Сдержать белогвардейское наступление все это, естественно, не могло. Разгром был полный. А. И. Деникин со сдержанной гордостью вспоминал это время: «Кавказская дивизия корпуса Шкуро разбила Махно под Гуляй-Полем и, двинутая затем на север к Екатеринославу, в ряде боев разбила и погнала к Днепру Ворошилова… Опрокидывая противника и не давая ему опомниться, войска эти прошли за месяц 300 с лишним верст. Терцы Топоркова 1 июня (13-го н. ст.) захватили Купянск; к 11-му (24), обойдя Харьков с севера и северо-запада, отрезали сообщения харьковской группы большевиков на Ворожбу и Брянск и уничтожили несколько эшелонов подходящих подкреплений… Правая колонна ген. Кутепова 10 (23) июня внезапным налетом захватила Белгород, отрезав сообщение Харькова с Курском.
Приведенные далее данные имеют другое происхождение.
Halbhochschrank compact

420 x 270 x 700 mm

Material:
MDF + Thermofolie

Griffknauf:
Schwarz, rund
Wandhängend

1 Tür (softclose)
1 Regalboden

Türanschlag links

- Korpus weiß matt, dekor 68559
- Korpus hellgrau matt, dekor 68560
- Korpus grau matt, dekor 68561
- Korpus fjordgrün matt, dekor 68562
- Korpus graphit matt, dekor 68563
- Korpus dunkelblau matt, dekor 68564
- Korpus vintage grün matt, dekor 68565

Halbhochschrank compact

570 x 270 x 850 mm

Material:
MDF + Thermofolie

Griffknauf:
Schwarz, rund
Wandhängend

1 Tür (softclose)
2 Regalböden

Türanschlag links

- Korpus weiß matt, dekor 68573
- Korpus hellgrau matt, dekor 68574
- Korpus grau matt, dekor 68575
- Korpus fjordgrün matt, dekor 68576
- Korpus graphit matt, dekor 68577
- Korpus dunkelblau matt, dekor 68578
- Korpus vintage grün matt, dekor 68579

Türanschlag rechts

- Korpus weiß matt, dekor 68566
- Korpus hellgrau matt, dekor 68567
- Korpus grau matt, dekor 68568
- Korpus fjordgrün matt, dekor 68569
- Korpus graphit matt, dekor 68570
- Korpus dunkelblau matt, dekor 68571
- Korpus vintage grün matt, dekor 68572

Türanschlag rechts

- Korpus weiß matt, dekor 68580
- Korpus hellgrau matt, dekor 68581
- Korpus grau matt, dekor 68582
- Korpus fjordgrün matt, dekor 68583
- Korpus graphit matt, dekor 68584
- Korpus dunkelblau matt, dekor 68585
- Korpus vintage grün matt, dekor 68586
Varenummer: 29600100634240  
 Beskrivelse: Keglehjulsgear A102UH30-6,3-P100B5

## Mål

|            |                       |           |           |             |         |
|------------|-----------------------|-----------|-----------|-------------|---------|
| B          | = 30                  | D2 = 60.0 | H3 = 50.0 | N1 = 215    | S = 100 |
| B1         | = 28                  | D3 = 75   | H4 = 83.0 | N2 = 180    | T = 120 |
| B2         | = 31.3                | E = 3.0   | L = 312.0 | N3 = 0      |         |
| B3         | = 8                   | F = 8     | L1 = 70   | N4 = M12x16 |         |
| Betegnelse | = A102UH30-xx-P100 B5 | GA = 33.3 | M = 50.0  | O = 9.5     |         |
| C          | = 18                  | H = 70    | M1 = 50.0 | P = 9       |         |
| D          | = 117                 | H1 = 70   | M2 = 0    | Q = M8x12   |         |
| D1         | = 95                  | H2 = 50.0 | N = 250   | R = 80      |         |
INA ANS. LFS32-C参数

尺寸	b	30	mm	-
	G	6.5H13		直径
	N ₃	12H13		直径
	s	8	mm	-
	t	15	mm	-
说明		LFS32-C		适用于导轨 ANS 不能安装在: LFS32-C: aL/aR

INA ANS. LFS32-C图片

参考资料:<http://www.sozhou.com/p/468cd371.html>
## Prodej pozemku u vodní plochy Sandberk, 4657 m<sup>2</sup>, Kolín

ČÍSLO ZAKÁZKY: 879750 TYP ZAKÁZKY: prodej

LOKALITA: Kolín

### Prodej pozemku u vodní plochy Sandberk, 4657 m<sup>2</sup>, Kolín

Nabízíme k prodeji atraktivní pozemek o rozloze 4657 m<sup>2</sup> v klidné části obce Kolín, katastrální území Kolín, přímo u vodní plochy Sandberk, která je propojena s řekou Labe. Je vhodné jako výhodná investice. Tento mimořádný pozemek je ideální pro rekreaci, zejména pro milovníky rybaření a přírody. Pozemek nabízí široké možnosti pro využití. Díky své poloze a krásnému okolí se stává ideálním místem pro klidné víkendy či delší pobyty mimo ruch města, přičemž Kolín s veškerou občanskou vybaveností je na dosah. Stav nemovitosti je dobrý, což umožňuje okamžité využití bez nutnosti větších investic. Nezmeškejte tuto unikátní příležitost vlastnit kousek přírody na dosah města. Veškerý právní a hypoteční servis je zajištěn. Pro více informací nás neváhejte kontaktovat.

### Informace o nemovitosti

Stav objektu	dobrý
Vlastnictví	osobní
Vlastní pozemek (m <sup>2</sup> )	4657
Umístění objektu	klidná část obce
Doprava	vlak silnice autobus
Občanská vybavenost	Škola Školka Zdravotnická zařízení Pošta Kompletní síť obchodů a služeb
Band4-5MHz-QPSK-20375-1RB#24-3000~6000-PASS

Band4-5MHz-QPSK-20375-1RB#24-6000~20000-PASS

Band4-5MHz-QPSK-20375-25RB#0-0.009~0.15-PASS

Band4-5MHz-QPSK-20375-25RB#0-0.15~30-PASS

А 11-го (24), после пятидневных боев на подступах к Харькову, левая колонна его ворвалась в город и после ожесточенного уличного боя заняла его.
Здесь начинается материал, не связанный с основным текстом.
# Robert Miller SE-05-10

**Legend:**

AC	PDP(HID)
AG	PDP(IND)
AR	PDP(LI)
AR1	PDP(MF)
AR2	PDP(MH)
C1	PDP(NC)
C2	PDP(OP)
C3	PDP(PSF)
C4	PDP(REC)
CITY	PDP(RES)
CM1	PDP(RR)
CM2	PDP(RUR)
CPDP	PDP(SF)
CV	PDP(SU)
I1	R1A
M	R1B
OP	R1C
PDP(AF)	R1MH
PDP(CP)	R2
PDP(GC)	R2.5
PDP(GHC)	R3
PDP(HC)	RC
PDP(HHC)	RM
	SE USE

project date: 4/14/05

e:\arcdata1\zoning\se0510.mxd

16 (29) июня закончилось очищение Крыма, а к концу месяца мы овладели и всем нижним течением Днепра до Екатеринослава, который был захвачен уже 16 (29) числа по собственной инициативе ген. Шкуро.
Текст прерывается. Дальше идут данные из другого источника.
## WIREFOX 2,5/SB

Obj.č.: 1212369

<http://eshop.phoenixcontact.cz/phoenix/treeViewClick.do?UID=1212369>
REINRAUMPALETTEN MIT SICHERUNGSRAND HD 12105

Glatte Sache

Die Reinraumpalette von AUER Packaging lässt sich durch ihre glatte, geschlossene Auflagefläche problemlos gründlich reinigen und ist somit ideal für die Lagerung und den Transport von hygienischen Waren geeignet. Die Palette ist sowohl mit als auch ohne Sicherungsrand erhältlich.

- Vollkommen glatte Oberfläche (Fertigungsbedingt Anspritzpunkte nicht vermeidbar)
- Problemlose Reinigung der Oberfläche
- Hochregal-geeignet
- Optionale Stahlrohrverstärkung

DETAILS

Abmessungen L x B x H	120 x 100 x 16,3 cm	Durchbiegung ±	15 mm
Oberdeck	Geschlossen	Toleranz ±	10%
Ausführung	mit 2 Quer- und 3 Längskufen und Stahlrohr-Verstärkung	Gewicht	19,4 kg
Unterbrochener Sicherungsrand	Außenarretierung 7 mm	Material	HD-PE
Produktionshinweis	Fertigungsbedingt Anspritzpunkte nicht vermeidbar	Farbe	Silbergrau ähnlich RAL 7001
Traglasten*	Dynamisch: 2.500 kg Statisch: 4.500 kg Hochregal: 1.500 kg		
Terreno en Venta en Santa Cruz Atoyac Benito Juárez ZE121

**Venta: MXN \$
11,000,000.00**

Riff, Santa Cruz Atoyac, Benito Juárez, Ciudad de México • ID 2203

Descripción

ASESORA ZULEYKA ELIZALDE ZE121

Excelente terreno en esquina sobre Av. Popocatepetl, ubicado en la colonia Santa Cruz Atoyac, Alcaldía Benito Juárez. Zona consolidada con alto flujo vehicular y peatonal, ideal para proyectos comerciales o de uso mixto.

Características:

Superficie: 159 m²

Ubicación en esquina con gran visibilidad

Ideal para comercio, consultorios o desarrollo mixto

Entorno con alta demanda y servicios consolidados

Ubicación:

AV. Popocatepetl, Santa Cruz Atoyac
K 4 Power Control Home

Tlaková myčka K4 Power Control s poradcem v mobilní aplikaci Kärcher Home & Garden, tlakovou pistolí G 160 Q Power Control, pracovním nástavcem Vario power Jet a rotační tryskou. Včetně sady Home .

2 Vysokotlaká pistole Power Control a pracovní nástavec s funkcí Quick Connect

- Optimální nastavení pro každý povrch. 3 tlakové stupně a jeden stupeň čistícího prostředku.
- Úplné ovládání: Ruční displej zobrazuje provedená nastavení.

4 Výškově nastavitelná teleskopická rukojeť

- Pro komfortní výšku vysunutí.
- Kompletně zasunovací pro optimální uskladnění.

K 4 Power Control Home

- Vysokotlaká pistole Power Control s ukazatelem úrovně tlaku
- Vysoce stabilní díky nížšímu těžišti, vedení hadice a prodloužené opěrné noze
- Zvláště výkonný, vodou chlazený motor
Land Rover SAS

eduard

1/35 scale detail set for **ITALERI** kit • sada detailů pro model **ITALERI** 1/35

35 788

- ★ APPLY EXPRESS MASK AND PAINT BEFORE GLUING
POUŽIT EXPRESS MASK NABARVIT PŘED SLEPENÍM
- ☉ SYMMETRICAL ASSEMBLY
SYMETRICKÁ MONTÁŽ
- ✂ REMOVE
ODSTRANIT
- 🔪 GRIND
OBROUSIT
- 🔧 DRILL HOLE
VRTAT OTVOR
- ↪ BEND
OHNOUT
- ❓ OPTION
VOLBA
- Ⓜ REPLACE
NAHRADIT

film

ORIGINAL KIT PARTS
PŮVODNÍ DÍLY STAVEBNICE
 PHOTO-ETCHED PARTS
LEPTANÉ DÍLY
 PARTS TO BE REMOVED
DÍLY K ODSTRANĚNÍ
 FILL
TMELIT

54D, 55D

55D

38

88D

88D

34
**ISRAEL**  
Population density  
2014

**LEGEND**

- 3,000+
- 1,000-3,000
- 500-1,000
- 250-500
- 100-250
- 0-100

Разгром противника на этом фронте был полный, трофеи наши неисчислимы…» (17, 104–106).

Как видим, для командующего Вооруженными силами Юга России разгром Махно представлялся лишь частностью в очень крупномасштабной операции, а не ключевым моментом, предопределившим развал Украинского и Южного фронтов, и уж тем более не предательством, каким бы хотелось объяснить этот развал Троцкому. Однако наркомвоенмор, будучи верен себе, продолжал отыскивать виноватых и клеймил на этот раз 13-ю армию А. И. Геккера: «Армия находится в состоянии полного упадка. Боевая способность частей пала до последней степени. Случаи бессмысленной паники наблюдаются на каждом шагу. Шкурничество процветает…» Впрочем, не без сарказма добавляет к этому Деникин, все сказанное в равной мере могло быть отнесено к 8, 9, 14-й армиям (17, 106).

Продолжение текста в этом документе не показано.